Nori – remove your carbon emissions from the air - paulgambill
https://nori.com/remove-carbon
======
paulgambill
Hi HackerNews, I'm Paul Gambill, CEO of Nori. So many of our fellow carbon
removal people are here and we see our name pop up from time and again. We’re
very happy YC has made carbon removal a big part of what they’re doing in
raising its status.

Nori is a carbon removal marketplace. We want to be the market infrastructure
for the trillion dollar carbon removal industry in utero. We are trying to
make it as easy as possible for people to get paid for pulling carbon dioxide
out of the atmosphere, and want the process to be as graceful as what we’ve
all come to expect from ecommerce.

We’ve started with regenerative agriculture where farmers change their
practices and begin pulling CO2 into their soils, but we’re ultimately
agnostic to how carbon removal is practiced so long as it works. By treating
any tonne of CO2 removed the same, we hope to commoditize carbon removal and
generate the world’s first true carbon price. We use the Ethereum blockchain
and have token economics in play, but that’s more of a backend implementation
and feature for power users so that it doesn’t get in the way of an average
user. I can chat more about this if you’re interested.

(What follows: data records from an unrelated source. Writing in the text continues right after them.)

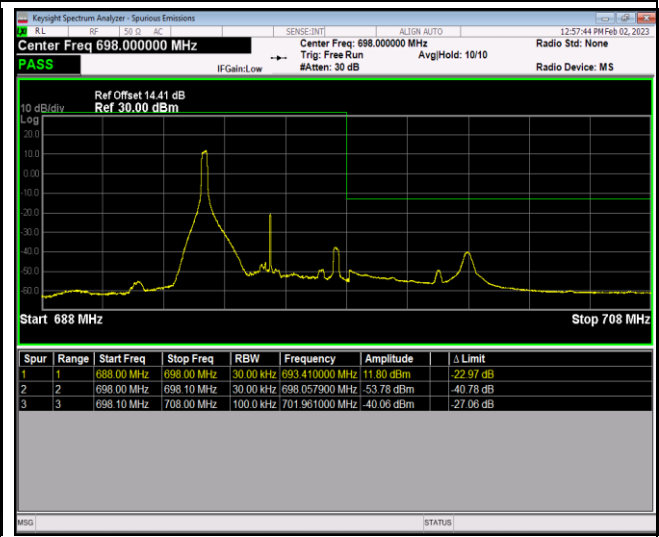

Band71-5MHz-16QAM-133447-1RB#0
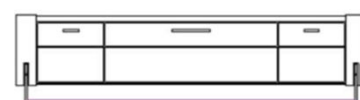

Samostatné elementy - volně prodejné

| | | | |
|--------------------------|--|--|--|
| Art.-Nr. | 147417 MEN | 147418 MEN | 147419 MEN |
| Popis | TV-Lowboard 1 zásuvka, 1 dvířka, kovové podnoží | TV-Lowboard 1 zásuvka, 1 dvířka, kovové podnoží | TV-Lowboard 1 zásuvka, 2 dvířka, kovové podnoží |
| Š/ V/ H v cm : | cca. 160 / 60 / 50 cm | cca. 189 / 60 / 50 cm | cca. 234 / 60 / 50 cm |
| Cena | 52.190,- | 59.410,- | 73.450,- |
| Volitelné přísl.: | 140001A70 IR Repeater 4.680,- | 140001A70 IR Repeater 4.680,- | 140001A70 IR Repeater 4.680,- |

| | | | |
|----------------|--|--|--|
| Art.-Nr. | 147430 MEN | 147431 MEN | 147432 MEN |
| Popis | Sideboard 3 zásuvky, 1 dvířka, kovové podnoží | Sideboard 3 zásuvky, 1 dvířka, kovové podnoží | Sideboard 3 zásuvky, 2 dvířka, kovové podnoží |
| Š/ V/ H v cm : | cca. 160 / 84 / 40 cm | cca. 189 / 84 / 40 cm | cca. 234 / 84 / 40 cm |
| Cena | 60.450,- | 69.290,- | 83.390,- |

Our ultimate goal is to become the API for reversing climate change, plugging
into the backend of countless apps so that carbon removal is constantly taking
place and tied to emitting activities so that it doesn’t require consumers to
be constantly engaged with performing environmental calculus.

In our two years of operation, we’ve mostly focused on b2b, but we recently
opened up a b2c side of the business to allow anyone to buy carbon removals
generated through regenerative agriculture to show demand and get things
moving since we were ready for it. We have a limited time and limited supply
lightning sale ongoing right now if any of you are interested. I’m also happy
to talk carbon removal and get to know any of you working in the space we
might be able to connect with and collaborate. We know a bunch of you, and
some of the folks here have been on our podcasts, but there are lots we’d like
to get to know better.

Thanks very much everyone.